■ What is required ■
When copying the records below, keep every word as it is and drop the images.
*** Opening of Supplied records ***
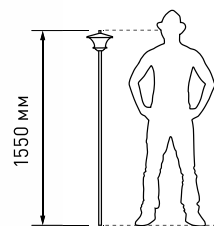

Садовые светильники

Садовые фонари ЭРА сочетают в себе последние достижения эргономики и технические инновации и позволяют решать широкий круг задач, связанных с декоративным освещением: идеально подойдут для подсветки дорожек, газонов, водоемов. Использование светодиодов позволяет забыть о замене источников света, а наличие солнечной батареи и датчика освещенности делает фонари по-настоящему автономными — фонари выключаются и заряжаются в светлое время суток и автоматически включаются, когда стемнеет.

SL-PL30

Материал: пластик
Цвет: черный
↓ 300 мм
☀ 48

SL-PL32-CLR

Материал: пластик
Цвет: цветной
↓ 320 мм
☀ 48

SL-SS32-CPR

Материал: нержавеющая сталь
Цвет: медь
↓ 320 мм
☀ 48

SL-PL31

Материал: пластик
Цвет: черный
↓ 310 мм
☀ 24

SL-PL42-DMD

Материал: пластик
Цвет: черный
↓ 420 мм
☀ 24

SL-PL33-CRAC

Материал: пластик, стекло
Цвет: черный
↓ 330 мм
☀ 12

SL-PL20-CUB

Материал: пластик
Цвет: черный
↓ 200 мм
☀ 24

SL-PL32-TFN

Материал: пластик
Цвет: цветной, черный
↓ 320 мм
☀ 24

SL-SS36

Материал: нержавеющая сталь, пластик
Цвет: цветной
↓ 360 мм
☀ 48

SL-SS29-4

Материал: нержавеющая сталь
Цвет: стальной
↓ 290 мм
☀ 6

SL-PL155-PST

Материал: пластик
Цвет: черный
↓ 1550 мм
☀ 6
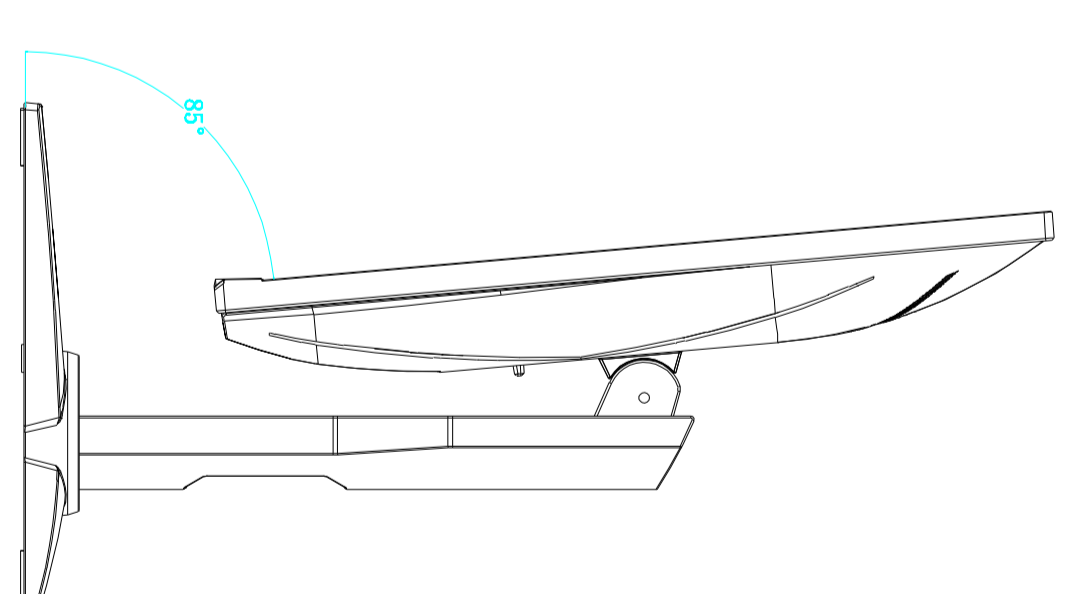

整机后仰23度时状态

整机前倾5度时状态

黑色支架

黑色底座

# AOC Q27G2SE 整机六面图

2022-7-22
*** Close of Supplied records ***
■ Result of the task ■
Садовые светильники

Садовые фонари ЭРА сочетают в себе последние достижения эргономики и технические инновации и позволяют решать широкий круг задач, связанных с декоративным освещением: идеально подойдут для подсветки дорожек, газонов, водоемов. Использование светодиодов позволяет забыть о замене источников света, а наличие солнечной батареи и датчика освещенности делает фонари по-настоящему автономными — фонари выключаются и заряжаются в светлое время суток и автоматически включаются, когда стемнеет.

SL-PL30

Материал: пластик
Цвет: черный
↓ 300 мм
☀ 48

SL-PL32-CLR

Материал: пластик
Цвет: цветной
↓ 320 мм
☀ 48

SL-SS32-CPR

Материал: нержавеющая сталь
Цвет: медь
↓ 320 мм
☀ 48

SL-PL31

Материал: пластик
Цвет: черный
↓ 310 мм
☀ 24

SL-PL42-DMD

Материал: пластик
Цвет: черный
↓ 420 мм
☀ 24

SL-PL33-CRAC

Материал: пластик, стекло
Цвет: черный
↓ 330 мм
☀ 12

SL-PL20-CUB

Материал: пластик
Цвет: черный
↓ 200 мм
☀ 24

SL-PL32-TFN

Материал: пластик
Цвет: цветной, черный
↓ 320 мм
☀ 24

SL-SS36

Материал: нержавеющая сталь, пластик
Цвет: цветной
↓ 360 мм
☀ 48

SL-SS29-4

Материал: нержавеющая сталь
Цвет: стальной
↓ 290 мм
☀ 6

SL-PL155-PST

Материал: пластик
Цвет: черный
↓ 1550 мм
☀ 6

整机后仰23度时状态

整机前倾5度时状态

黑色支架

黑色底座

# AOC Q27G2SE 整机六面图

2022-7-22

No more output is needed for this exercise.